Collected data
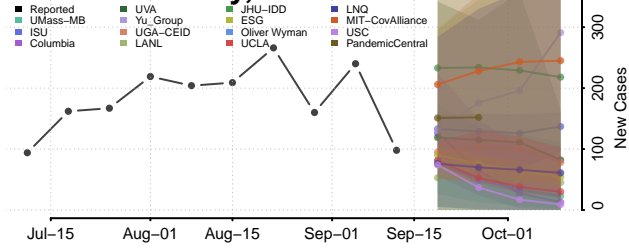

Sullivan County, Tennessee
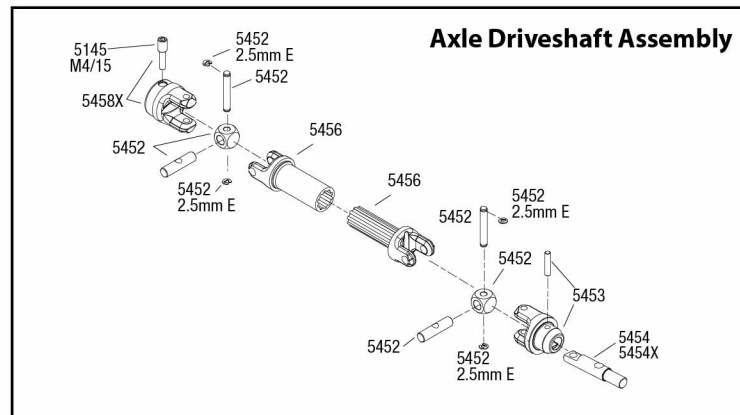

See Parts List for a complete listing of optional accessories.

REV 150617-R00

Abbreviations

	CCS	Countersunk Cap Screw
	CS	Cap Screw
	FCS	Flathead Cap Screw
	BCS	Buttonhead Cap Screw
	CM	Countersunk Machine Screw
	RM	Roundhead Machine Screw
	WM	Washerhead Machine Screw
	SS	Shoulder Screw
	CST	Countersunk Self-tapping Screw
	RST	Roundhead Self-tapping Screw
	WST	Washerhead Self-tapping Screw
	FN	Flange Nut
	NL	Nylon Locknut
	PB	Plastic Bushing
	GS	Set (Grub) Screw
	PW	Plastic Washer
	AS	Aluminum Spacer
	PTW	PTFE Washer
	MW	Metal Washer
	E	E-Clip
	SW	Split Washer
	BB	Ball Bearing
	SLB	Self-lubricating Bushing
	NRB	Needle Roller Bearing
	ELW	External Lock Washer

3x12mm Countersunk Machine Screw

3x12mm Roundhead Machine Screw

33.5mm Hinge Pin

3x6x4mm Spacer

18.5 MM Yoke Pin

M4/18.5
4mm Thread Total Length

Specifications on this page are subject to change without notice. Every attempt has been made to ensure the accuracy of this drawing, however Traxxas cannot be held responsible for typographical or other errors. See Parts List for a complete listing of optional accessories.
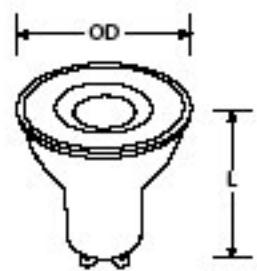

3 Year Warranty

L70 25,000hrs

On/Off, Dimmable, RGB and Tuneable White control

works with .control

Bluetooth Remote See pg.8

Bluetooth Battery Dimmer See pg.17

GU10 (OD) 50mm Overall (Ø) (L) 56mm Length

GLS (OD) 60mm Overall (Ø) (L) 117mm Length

**Task item**
Every line in the entries above that mentions the word "Machine" must be shown.

**Task response**
	CM	Countersunk Machine Screw
	RM	Roundhead Machine Screw
	WM	Washerhead Machine Screw
3x12mm Countersunk Machine Screw
3x12mm Roundhead Machine Screw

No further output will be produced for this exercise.